Do You Need an Extended Warranty?
The relative value of a longer warranty period is typically measured by comparing the initial cost of the system to the cost of the warranty and the length of the extension. Despite some questions about the company's methodology when comparing premium and entry-level laptops, SquareTrade's data does generally indicate that relatively high notebook failure rates could make extended warranties a good deal at the right price ratio. While in-store warranties are well-known cash cows, SquareTrade bills its product coverage as significantly less expensive—if that's true, it does strengthen the chance that coverage might be worth paying for.

Price, however, is far from the only important factor. Other issues include:
  • Specific Features: If you're buying a computer based around non-performance capabilities like a particular type of LCD, integrated Wacom tablet, or for its input/output jacks, it may be worth investing in an extended warranty, especially if the feature set is unique to a certain model or hard to come by.
  • One-Time Deal: If you're buying a system on an unexpected windfall, or paying more than you can normally afford, a warranty may be a good idea, particularly if you don't have a lot of money at the end of the month.
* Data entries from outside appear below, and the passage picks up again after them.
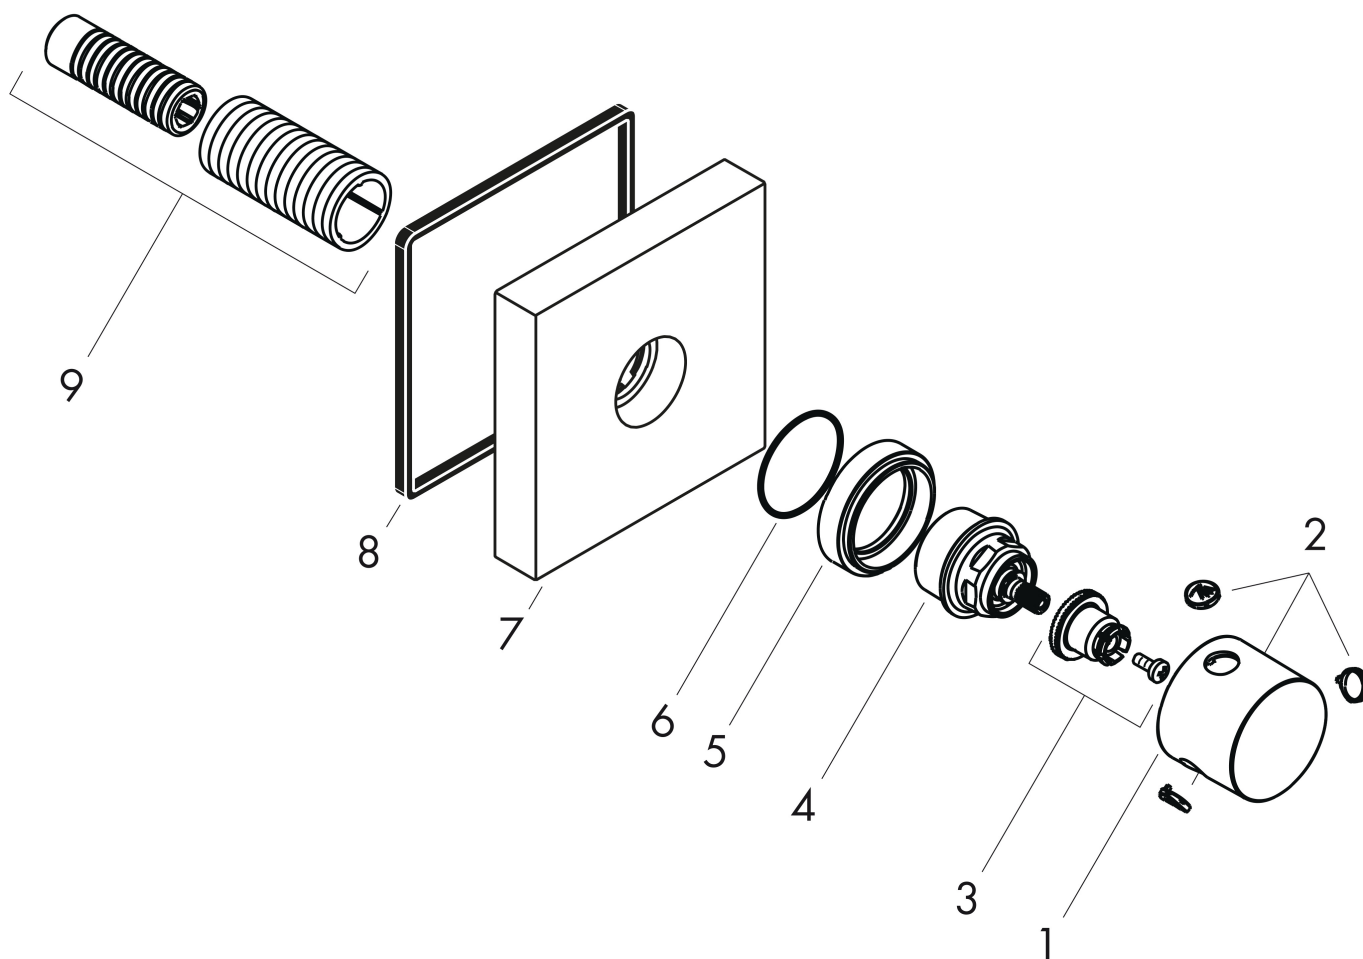

Merk	AXOR
Artikelnaam	AXOR ShowerSolutions stop- en omstelkraan afbouwdeel Trio/Quattro 120/120
Art.nr.	10932000
Oppervlakte	chrom
Netto prijs	374,85 EUR

Product foto

Kenmerken

- 3gebruikers\; bij installatie zonder direct verband (afstand meer 10 mm) is inbouwdeel # 16930180 benodigd
- 2 gebruikers: bij een installatie met directe verbinding (10mm afstand) #36702000 is het noodzakelijk inbouwdeel #36770180 te gebruiken
- 2 gebruikers: bij een installatie met directe verbinding (afstand groter dan 10mm), is het noodzakelijk de basis set # 16982180 te gebruiken
- gelijktijdig gebruik van 2 functies

Maat tekeningen

Merk	AXOR
Artikelnaam	AXOR ShowerSolutions stop- en omstelkraan afbouwdeel Trio/Quattro 120/120
Art.nr.	10932000
Oppervlakte	chrom
Netto prijs	374,85 EUR

Benodigde onderdelen (naar keuze)

Merk	AXOR
Artikelnaam	AXOR ShowerSolutions stop- en omstelkraan afbouwdeel Trio/Quattro 120/120
Art.nr.	10932000
Oppervlakte	chrom
Netto prijs	374,85 EUR

Explosietekening voor bouwjaar: >01/09

Merk	AXOR
Artikelnaam	AXOR ShowerSolutions stop- en omstelkraan afbouwdeel Trio/Quattro 120/120
Art.nr.	10932000
Oppervlakte	chrom
Netto prijs	374,85 EUR

True, the extra warranty adds to the cost, but if you don't think you could afford something as nice as what you're about to buy two years down the line, it may be a good idea to spend the extra dough now.
  • High-risk User: Individual OEMs guard failure rate data with their lives, but one tidbit Lenovo exec Ray Gorman dropped in the wake of SquareTrade's survey indirectly points out the wisdom of investing in certain types of systems. According to Gorman, Lenovo would "expect a 10X difference in repair rates between systems bought for [secondary school] students and systems used only in a home office by adults." If you think about that for a second, it implies some nasty things about student failure rates—even if home office systems fail at a measily 2 percent, that's a 20 percent failure rate for student systems.
  • Upgrade Cycles: Before you fork over additional dough, take a moment and consider your own upgrade preferences/previous upgrade cycles. If you tend to replace a laptop every two years, three year coverage may be wasteful. If, on the other hand, you typically replace your main but hand the laptop over to a rug rat, it may be worth paying for a little extra coverage, especially if you're buying a nice system that could have a useful lifespan of 4 years or so.
If you're curious about the manufacturer-specific failure data, it's in the latter half of SquareTrade's report. Again, Apple is something of an outlier: The company's average ASPs are nearly three times higher than its competitors ($1400 per notebook, as compared to $569 for a Windows laptop). SquareTrade makes no mention of Apple one way or the other, but the fact that the manufacturer lands squarely in the middle of the pack implies that consumers who go Apple in the hopes of buying reliability may be chugging snake oil.

Lenovo was rather grumpy about its rating and challenged SquareTrade's methodology, as reported here—SquareTrade then answered Lenovo's rebuttal with additional commentary. Asus and Toshiba come out in first place in the company's manufacturer report, while Gateway and HP bring up the rear.